The blogosphere has been abuzz with the news that Tesco in league with the Tories has instigated slavery for the unemployed.

Only it hasn’t.

So what has happened?

A work experience scheme has been set up by the government together with major employers to help the long term unemployed youth (unemployed more than a year, aged 18 to 21) gain experience that will allow them to find work.  The scheme even has a guaranteed job interview at the end for those that stay the course.

So what’s wrong with that?  Everything it seems.

In normal circumstances Tesco would advertise a job and include the words “Experience required”, no one wants to hire people without experience, they take up resources from elsewhere and slow things down.  So the unemployed person looks at the job, says “Don’t have that experience” and doesn’t apply.  The point then is that the unemployed person will no longer be in a position to dismiss the job in that way.

Tesco aren’t paying the person, but of course they aren’t, the person involved is doing this voluntarily to try to develop skills so they can get a job.  They are continuing to receive job seeker’s allowance during this time because in taking part in this scheme they are making steps towards finding a job.  They aren’t, at this stage, employed by Tesco’s, they aren’t employed by anyone (although one might argue that in receiving money from the state they are employed in some way by the state, but that’s probably a whole other discussion).

The voluntary aspect seems quite contentious.  No one has to do it, but in order to receive job seeker’s allowance you have to show that you are willing to find work and if you aren’t willing to participate in a work experience scheme in order to gain experience to gain work how willing are you to find work?  This, apparently, constitutes bullying.  Bullying used to involve taking people’s lunch money, now it’s when you give people money in order to do something and say you’ll stop giving them that money unless they do what they said.  Say you employ someone to put in double glazing, you pay him some money up front, he then fails to put in double glazing.  If you ask for the money back or refuse to give him more money you are now a bully.

The DWP has said:

“The scheme is voluntary and no one is forced to take part and the threat of losing the benefit only starts once a week has passed on the placement – this was designed to provide certainty to employers and the individuals taking part”

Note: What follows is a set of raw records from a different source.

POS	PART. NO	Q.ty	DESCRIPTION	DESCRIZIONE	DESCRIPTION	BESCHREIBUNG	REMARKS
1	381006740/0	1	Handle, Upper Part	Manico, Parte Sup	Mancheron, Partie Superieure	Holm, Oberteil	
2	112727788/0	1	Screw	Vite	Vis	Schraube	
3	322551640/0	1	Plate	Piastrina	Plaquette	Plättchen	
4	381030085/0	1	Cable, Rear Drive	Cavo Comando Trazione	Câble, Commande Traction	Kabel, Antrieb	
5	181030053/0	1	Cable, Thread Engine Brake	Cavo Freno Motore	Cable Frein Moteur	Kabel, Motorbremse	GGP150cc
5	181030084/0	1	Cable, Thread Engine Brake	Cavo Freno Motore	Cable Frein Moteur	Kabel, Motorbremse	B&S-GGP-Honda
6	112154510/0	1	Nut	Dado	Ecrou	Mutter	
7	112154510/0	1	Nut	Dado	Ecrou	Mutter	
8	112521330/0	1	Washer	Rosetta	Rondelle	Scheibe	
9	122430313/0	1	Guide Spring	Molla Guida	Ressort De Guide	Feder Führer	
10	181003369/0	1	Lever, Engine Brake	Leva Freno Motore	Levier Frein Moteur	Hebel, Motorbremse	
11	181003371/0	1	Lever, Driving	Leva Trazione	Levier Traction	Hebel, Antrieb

The number of people employed by Tesco is also causing issues, 1400 people, and 300 of them got jobs at the end of it.  Well consider the size of the operation, Tesco’s has around 2800 stores in the UK.  If they’ve taken on 1400 people that’s one person for every two stores.  Sounds like Tesco’s isn’t trying to get involved in this process.  If they’d taken on 3 people per store (over the last year, that’s how long it is since the government announced this scheme) then that would be 6 times the amount of people they’ve given experience to.  On that score the question is, if Tesco is committed to this scheme why have they engaged in it so little?  That’s where we should be criticising Tesco.  Then we have the take up.  They’ve taken on 1400 people and only given 300 jobs.  Well they’ll only have given interviews to those that stayed the course, and some of those who did will have not wanted to stay at Tesco and some of those who were interviewed may not have been wanted by Tesco.  But we can only say some at this stage because we don’t know the numbers.  Perhaps it would make sense for judgement to be reserved until we do?

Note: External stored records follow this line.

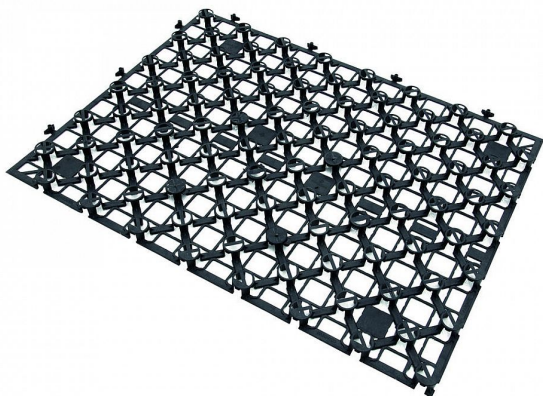

GIACOMINI systémová deska SPIDER 1200x800, h=22mm

» Topení a ohřev vody » Podlahové vytápění » Systémové desky a folie

Popis

Systémová deska pro podlahové vytápění pro velmi nízkou konstrukční výšku s montážními výstupky pro plastové trubky o rozměru 16x2. T = rozteč h = výška včetně výstupků užitný rozměr desky: 1200 x 800 mm užitná plocha desky: 0,96 m² celková výška desky: 22 mm Použitelné rozměry trubek: 16 mm (16x2)

| | |
|---------------|---------------------------|
| Objednací kód | GIAR979SY101 |
| Malé balení | 13,44 |
| Výrobce | GIACOMINI |
| Jednotka | m2 |
| Kód výrobce | R979SY101 |

| | |
|--------------|-----------|
| Cena bez DPH | 555,30 Kč |
| Cena s DPH | 671,91 Kč |
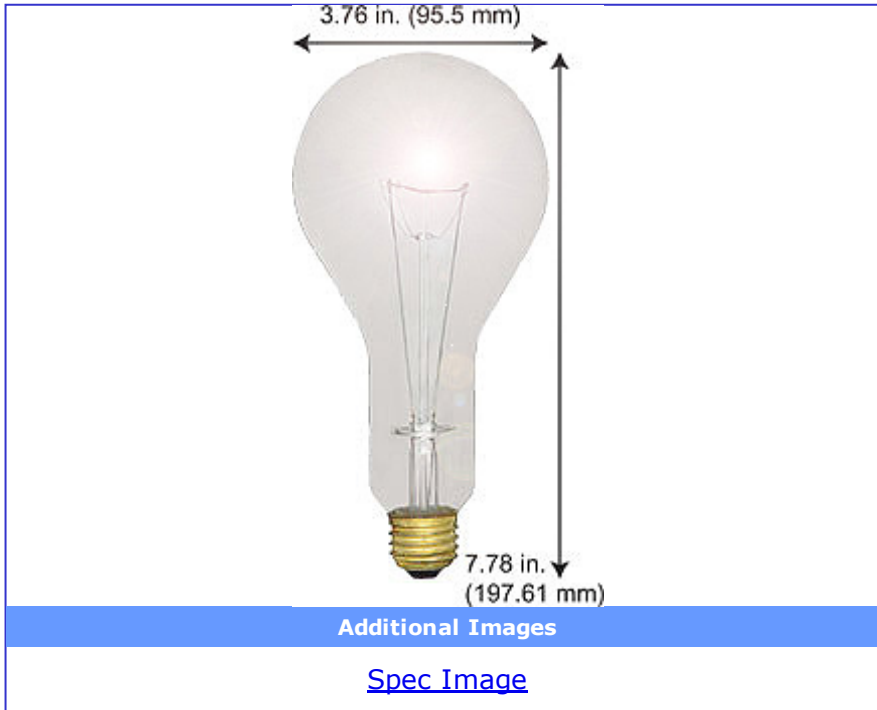

[-Click to Print-](#)

You are here: [Home](#) > [Incandescent](#) > [Incandescent Bulbs](#) > [PS30](#) > 00442D

**ITEM#: 00442D**

<b>Item#:</b>	00442D
<b>Industry Desc.:</b>	200PS30CL
<b>Volts:</b>	130
<b>Watts:</b>	200
<b>Avg. Life Hours:</b>	4,000
<b>Mean Lumens:</b>	1900@120V 2500@130V
<b>Shape:</b>	PS30
<b>Base Type:</b>	E26 Medium Screw
<b>Finish:</b>	Clear
<b>Package Qty:</b>	1
<b>Case Qty:</b>	60

Then we have the whole contentious issue of Workfare at all.  Well workfare has a bad rep.  It’s obviously an evil Tory construct to oppress the unemployed.  Although it isn’t and why would they want to?

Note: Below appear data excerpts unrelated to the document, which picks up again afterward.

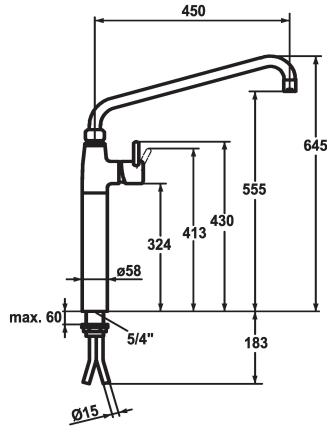

KWC GASTRO Hebelmischer - Grossküche

Modell-Linie: GASTRO | 24.501.066.000
Armaturen | Manuelle Armaturen

KWC-Nr.

121271
chromeline, A 300

121272
chromeline, A 450

- * Hebelmischer
- * Säule 300 mm
- * Schwenkauslauf 360°
- mit nachziehbarer Stopfbüchse
- Strahlregler-Mundstück
- * OptimalSpace - grosszügiger Wasch- / Arbeitsbereich
- * KWC Steuerpatrone XL 46 - Hochleistung

Ausladung A

A 300

A 450

- mit Keramikscheibentechnik
 - Auslaufmenge und Temperatur stufenlos einstellbar
 - Temperaturbegrenzung
 - * Kupferrohranschlüsse $\varnothing 15$ mm
 - * Befestigung mit Gewindestutzen 1 $\frac{1}{4}$ "
- Tischbohrung $\varnothing 42$ mm

Technische Daten

Auslaufmenge	40 l/min (3 bar)
Anschluss	Kupferrohranschlüsse
Farbcode	chromeline
Installationsart	Standmontage
Armaturtyp	Armatur
Mass Höhe	645
Armaturengeräuschgruppe	U
Ausladung A	A 450
Mass-Wasseraustritt	555

Workfare was first suggested in the 60s by the US civil rights movement.  Were they Tories?  Were they evil?

Why do Tories want to oppress the unemployed?  It’s in the interests of everyone, across the whole planet during this global recession to get as many people working as possible.  To reduce the drain on the welfare state and boost productivity in all economies.

Personally I think Workfare should be implemented differently.  Set up municipal construction and redevelopment schemes to improve conditions in our immediate environments, require the unemployed to work 16 to 24 hours a week in order to receive their benefit, thus allowing them to have time to seek other work while they are doing this and giving them experience along the way.  I’m told that it would be unreasonable to expect the unemployed to do “menial” tasks like this.  Maybe I’m living on a different planet but when I look at what plumbers, builders, electricians and decorators charge in the domestic market the word “menial” isn’t forefront in my mind.  OK, not everyone can or will do trades type work, but any such scheme will need support staff, back office, design, a raft of other skills will be needed so everyone can get involved.  On top of that it does provide added incentive to get off unemployment and into full time work.  If it’s needed, I don’t think it should be.  I think the mere state of being unemployed should be motivation to get back into work.  I’ve been between jobs for short periods (longest was about 6 months) and it gets dull and frustrating pretty quickly (and no, I didn’t take from the state when I was).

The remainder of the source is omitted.